The Nature Boys in black and Carmate is just below $200, but the other colors ( orange, red and blue) are $60 highger while the price is same for Carmate regardless color.


----------



## captdc

*captdc*

How many rods does the Nature Boys hold and what is the maximum length rod you can put in on and what is the maximum length will the airlines that fly internationally let you bring without extra charge such as Contanintal air line to Panama?


----------



## ksong

captdc said:


> How many rods does the Nature Boys hold and what is the maximum length rod you can put in on and what is the maximum length will the airlines that fly internationally let you bring without extra charge such as Contanintal air line to Panama?

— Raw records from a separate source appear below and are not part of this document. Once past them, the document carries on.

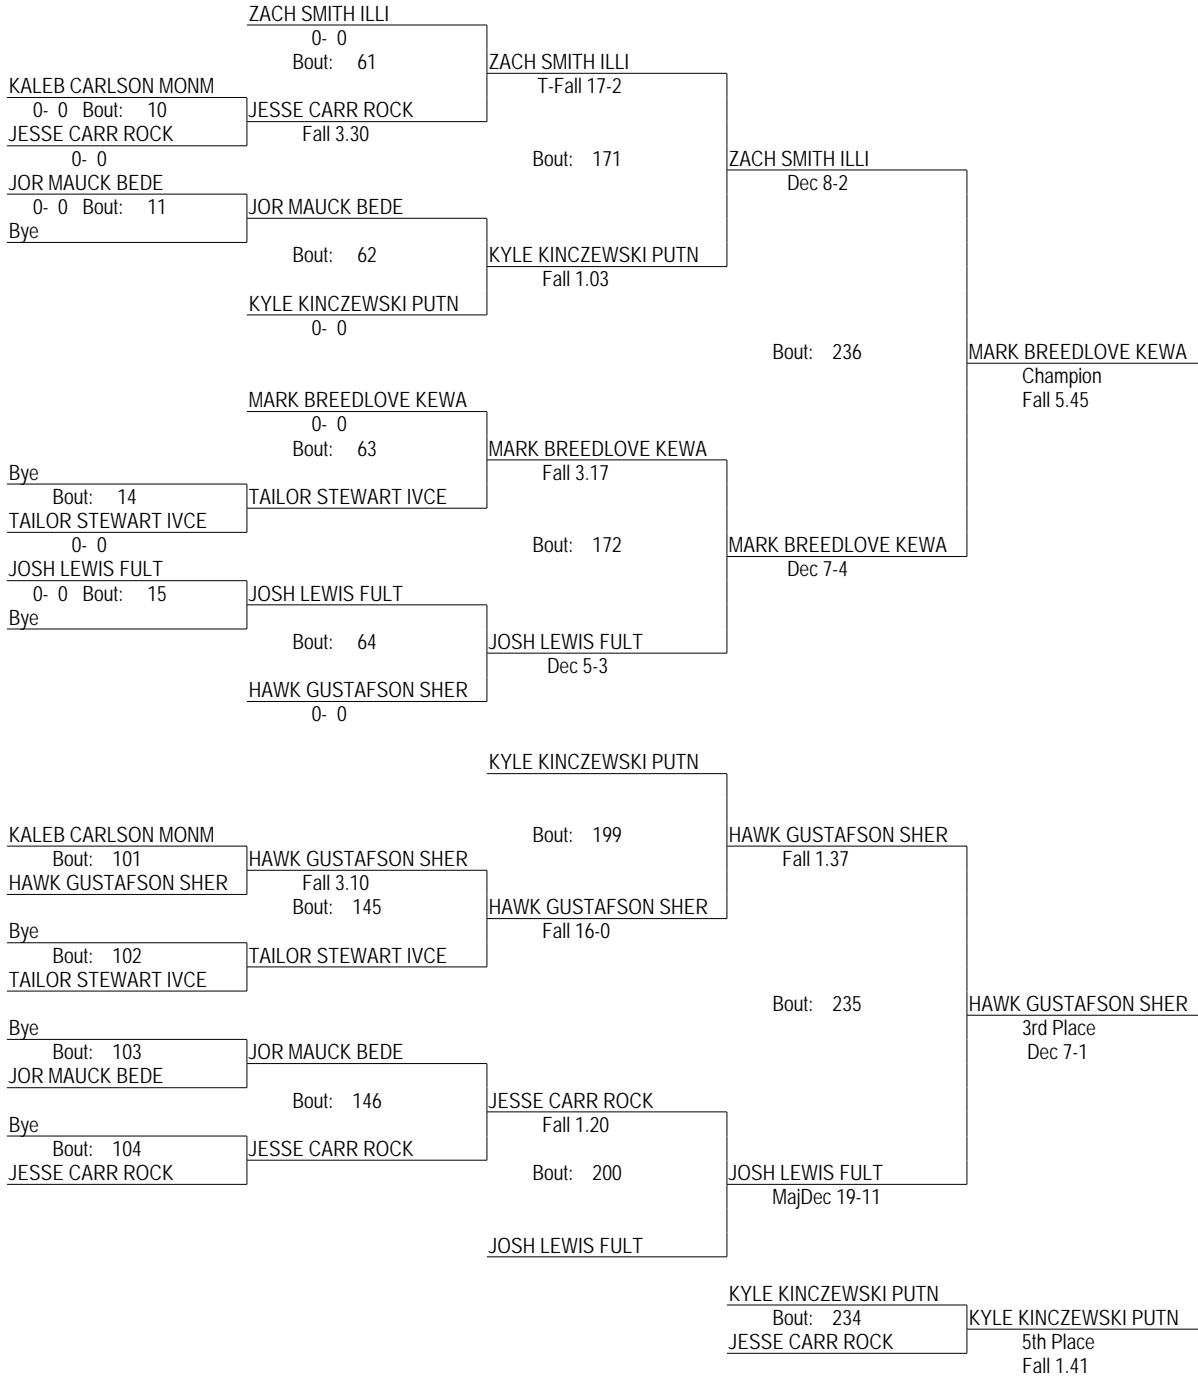

Kewanee Invitational (Final)

1/15/10

135

1. Place Winners -
2. 1st MARK BREEDLOVE KEWA 3- 0
   - 2nd ZACH SMITH ILLI 2- 1
   - 3rd HAWK GUSTAFSON SHER 4- 1
   - 4th JOSH LEWIS FULT 2- 2
   - 5th KYLE KINCZEWSKI PUTN 2- 2
   - 6th JESSE CARR ROCK 2- 3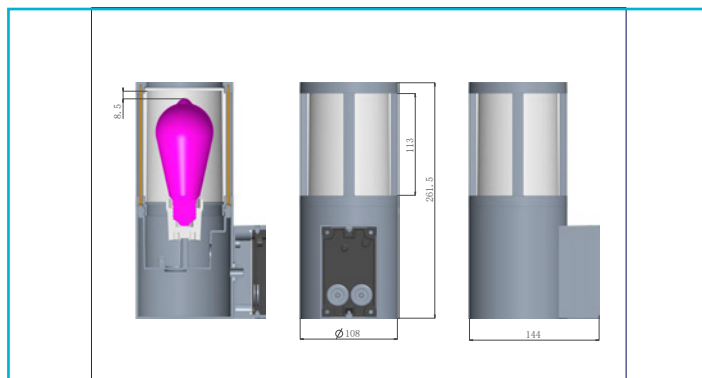

Art. no. 731153

Surface-mounted wall light Facado II round, 1x max 20 W, Grey

 DEKOLIGHT

Housing Material	Die-cast aluminium, Polycarbonate
Housing Color	Dark grey
Housing Surface	Matt
Material of Lens	Polycarbonate - PC
Colour of Lens	Smoke-coloured
Surface Structure of Lens	Transparent

Protection Class	Protection class I/protective grounding
max. Power	1x max. 20 W
Rated Input Voltage Frequency	220-240 V/AC 50 / 60 Hz
Socket Description	E27
Illuminant Design	A60, A70, ST64
Socket Quantity	1
Connection Type	Connectionbox
Dimmable	Yes
Control technology	Dimmable via optional light source
Motion Detector	No

Execution Without lamp

Light Exit Surfaces	5
Light characteristics	Direct
Light direction	Top, Side

Length	144 mm
Height	261.5 mm
Diameter	108 mm

Working Temperature	-20 to 40 °C
Storage Temperature	-10 to 60 °C
IP Protection Class	IP 65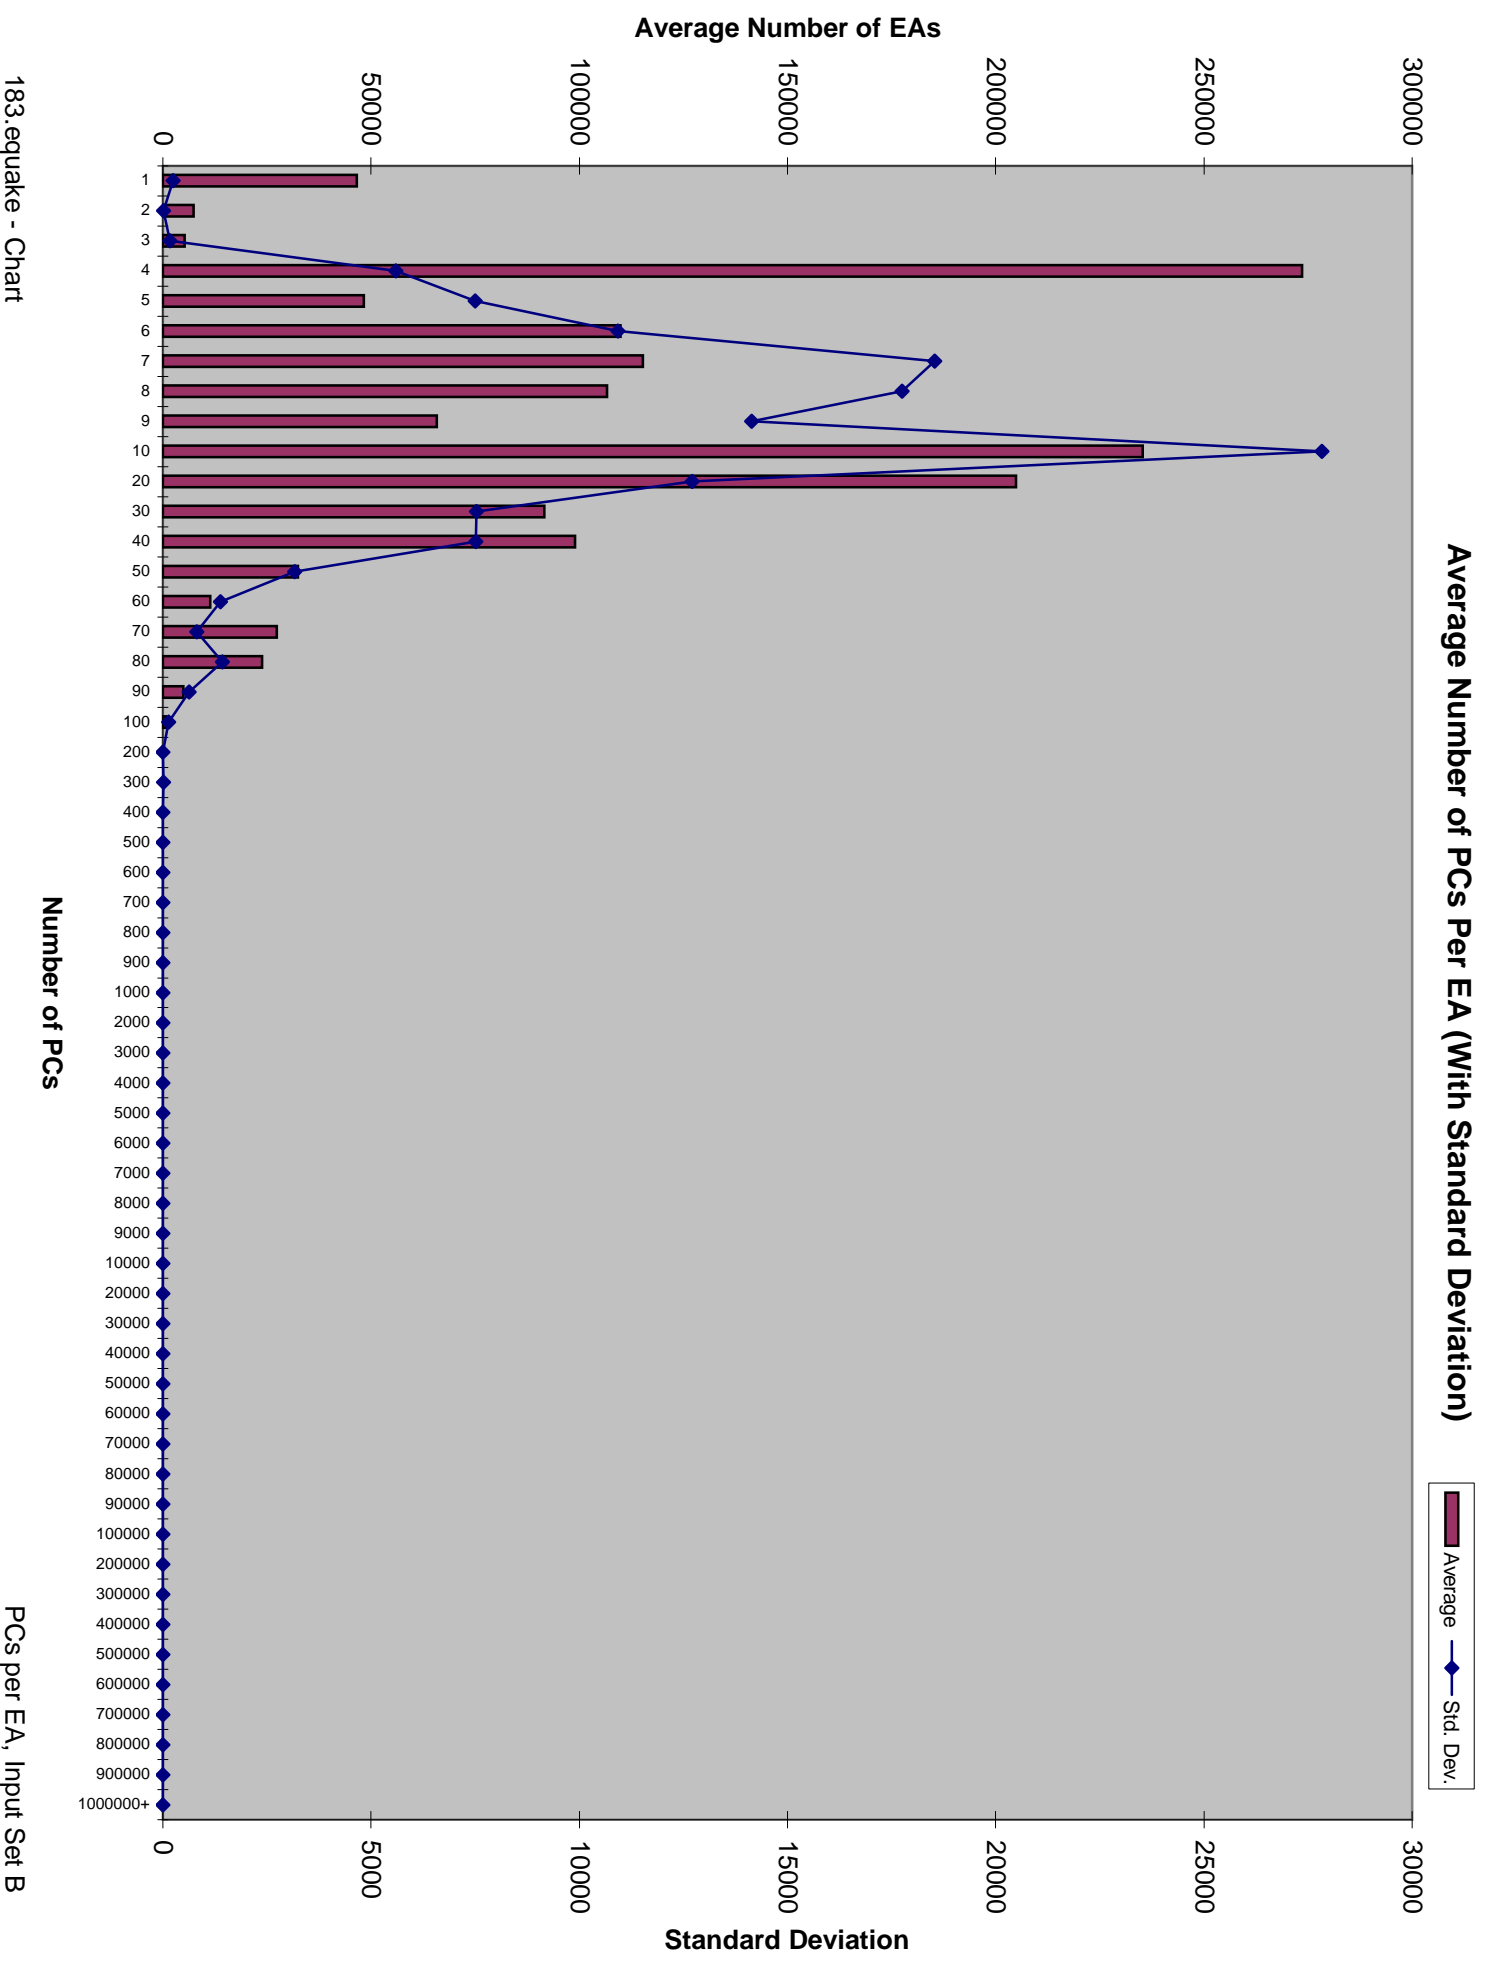

124.m88ksim - Chart

PCs per EA, Input Set B

Average Number of PCs Per EA (With Standard Deviation)

183. earthquake - Chart

PCs per EA, Input Set B

255.vortex - Chart

PCs per EA, Input Set B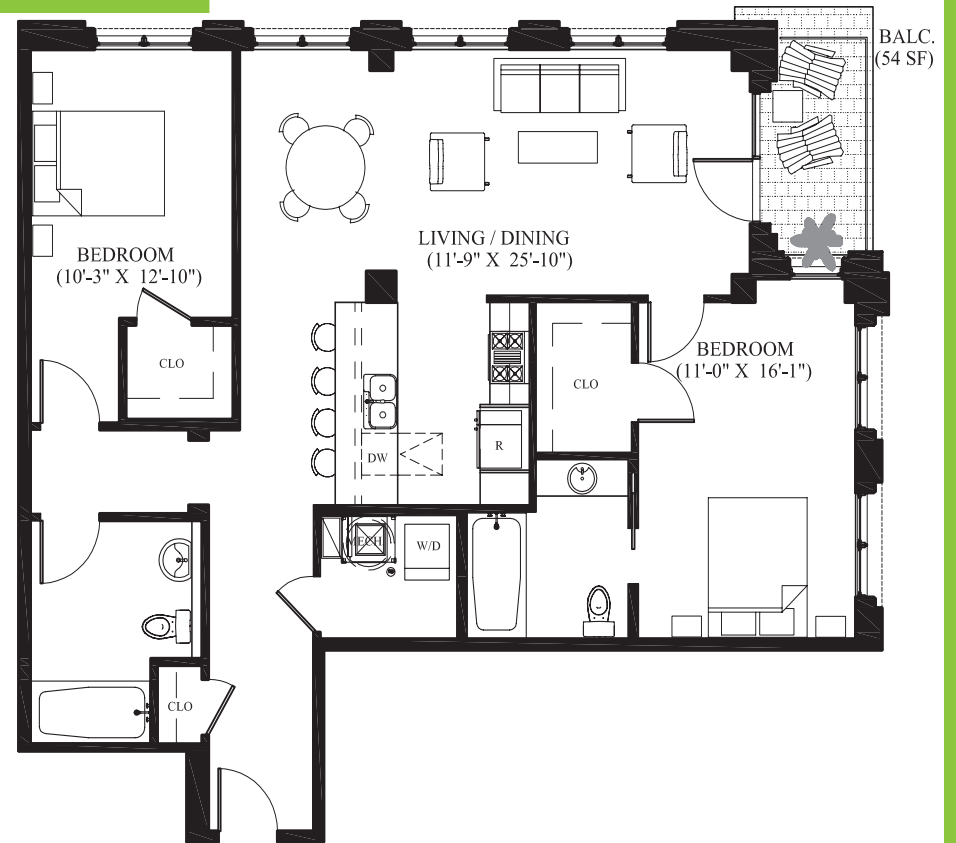

UNIT 503 (1,317 Sq. Ft)

Metropolitan Package 2 Bedroom, 2 Bath

Unit Sq. Ft.	1,317 Sq. Ft.
Balcony Sq. Ft.	54 Sq. Ft.
Common Sq. Ft.	202 Sq. Ft.
Total Sq. Ft.	1,573 Sq. Ft.

Notes: Unit square footage is approximate.
Unit plan subject to modification due to the construction process.

Unit 503

THE DICKSON
RESIDENCE | HOTEL | LOUNGE

SOLD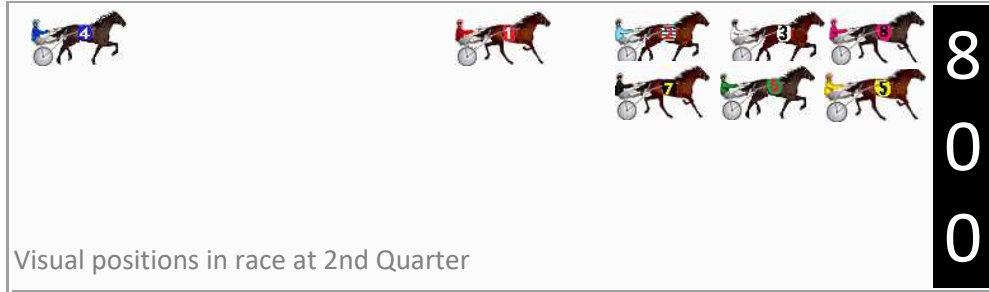

Pinjarra Race 4 Distance 1684m

Monday, 17 June 2024

Gross Time: 1:59.30 MileRate: 1:54.00 LeadTime: 5.30s First Qtr: 28.30s Second Qtr: 28.40s Third Qtr: 27.70s Fourth Qtr: 29.60s

DATA TABLE: 800 / 400 Posi's are position from leader and (how wide the horse was at that position)

No	Horse	Plc	Mar	800 Posi	400 Posi	Time	3rd Qtr	4th Qt
5	ATLAS THE TITAN	1	0.0m	0.2m (1)	0.0m (1)	1:59.30	27.69s	29.60s
3	LUNETTA	2	3.7m	4.0m (0)	5.8m (0)	1:59.59	27.83s	29.45s
2	WORLD SECRET	3	8.1m	8.6m (0)	9.2m (1)	1:59.93	27.75s	29.52s
8	CORK CAN RUN	4	12.0m	0.0m (0)	1.8m (0)	2:00.23	27.80s	30.35s
1	ALTAR	5	12.8m	15.0m (0)	12.2m (0)	2:00.29	27.50s	29.64s
7	WORLDS ABOVE	6	13.2m	8.6m (1)	6.2m (2)	2:00.32	27.51s	30.12s
6	SHES A MARE	7	14.6m	4.4m (1)	4.6m (1)	2:00.43	27.69s	30.34s
4	JIMMY ROCKS	8	63.6m	36.0m (0)	45.0m (0)	2:04.23	28.30s	30.97s

Finish Position and metres gained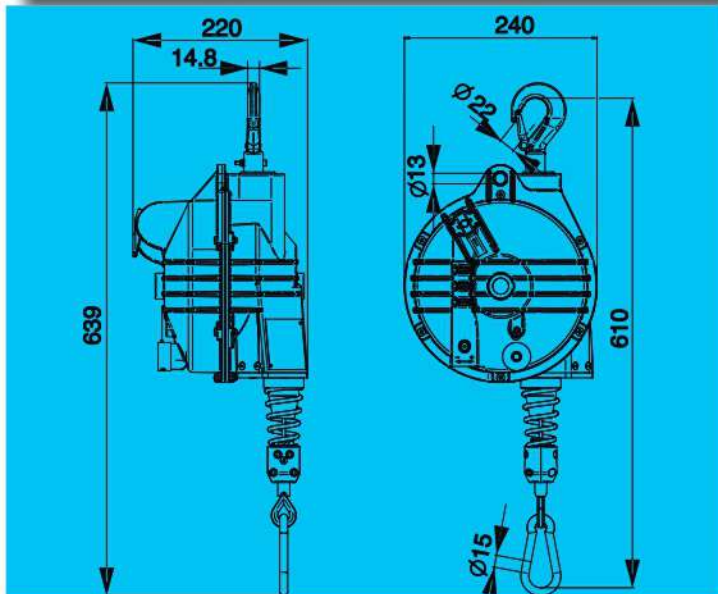

23

	Aluminium
	2000 mm
	Stainless Steel
	10÷75 kg

**Option RI (70477)**  
Rotary and insulating device.

**\*Option B**  
Locking-unlocking device with control from the floor.  
\* This option is feasible when placing a new order.

24

	Aluminium
	2000 mm
	Stainless Steel
	75÷105 kg

**Option RI (70477)**  
Rotary and insulating device.

**\*Option B**  
Locking-unlocking device with control from the floor.  
\* This option is feasible when placing a new order.

Item	9361	9362	9363	9364	9365	9366	9367	9368	9369
	10÷15	15÷20	20÷25	25÷30	30÷35	35÷45	45÷55	55÷65	65÷75
	9,20	9,50	9,80	10,20	10,60	11,00	11,30	12,30	13,20

	9370	9371
	75÷90	90÷105
	16,10	17,20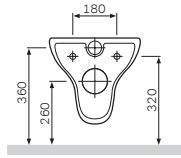

€ 325

Sanitary ceramics

SpiritFloor-standing bidet
C703111WH

€ 280

Size: 520 x 355 mm
Material: sanitary porcelain
Colour: white

- floor-standing
- suitable for one-hole mixer
- mixer hole punched out
- with chrome-plated overflow
- sanitary porcelain
- with concealed fixing
- fixing set included

Semi-pedestal
C534970WH

€ 80

Material: sanitary porcelain
Colour: whitePedestal
C704910WH

€ 95

Material: sanitary porcelain
Colour: white

Size: 520 x 360 mm
Material: sanitary porcelain
Colour: white

- wall-mounted
- horizontal outlet
- fixing with two M12 screws
- the maximum amount of water to flush is six liters
- fixing set is not included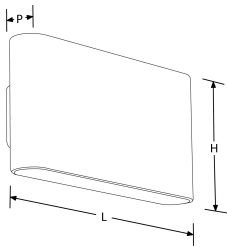

Line Drawing Image

Product Specs:

Technology	LED	Number of LEDs	60
Lifetime L70 (hrs)	30000	Input Voltage	220~240V AC
Dimmable	No	IP Rating	IP65
Fire Protection	No	Lamp Base	None
Height (mm)	90	Length (mm)	178
Surge Protection (kV)	0.5	SDCM	6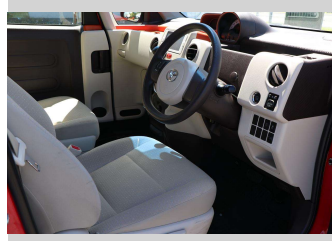

2013 Toyota Porte

Purchase Price **$11,990**
Includes GST, Registration & Licensing

Finance may be available on this vehicle. Ask one of our friendly staff for more information.

Gain peace of mind with Mechanical Breakdown Insurance. **Ask us how.**

Top features

None Listed

Body Style
Station Wagon

Odometer
55,278 km

Engine
1496 cc, Electronic Fuel

Fuel Type
Petrol

Transmission
CVT

Wheels
-

VIN
7AT0H64WX25090332

Interior
-

Safety

Based on 2024 VSRR rating

Reg No.
-

Ext Colour
Red

History
-

Seats
5 seats

CO2 Emissions
★★★★☆
134 grams/km

Energy Economy
★★★★☆☆
Annual fuel cost of $2,270
5.8L per 100km

Cost per year is an estimate based on petrol price of $2.80 per litre and an average distance of 14000 km. Emissions and Energy Economy figures standardised to 3P WLTP.

Stock ID: 5761460

Archibald Cars | Phone 09 408 1900 | Email sales@amotors.co.nz
143 Commerce Street, Kaitaia, New Zealand
www.archibaldcars.co.nz

I have used both rod cases.
When I want to travel light for fishing trip, I prefer Carmate as it is shorter and light. 
Nature Boys are heavy, but it is heavy duty rod case.

If your rod is 7' or longer, Carmate rod case doesn't fit.
I had two 7' rod when I went to 16 days Excel trip out of San Diego and I tried to use Carmate rod case first, but I found any rod longer than 6'8" didn't fit to the case.
You can carry rods upto 7'6" in the Nature Boys.
I put as many as 10-11 fishing rods in Nature Boys.


----------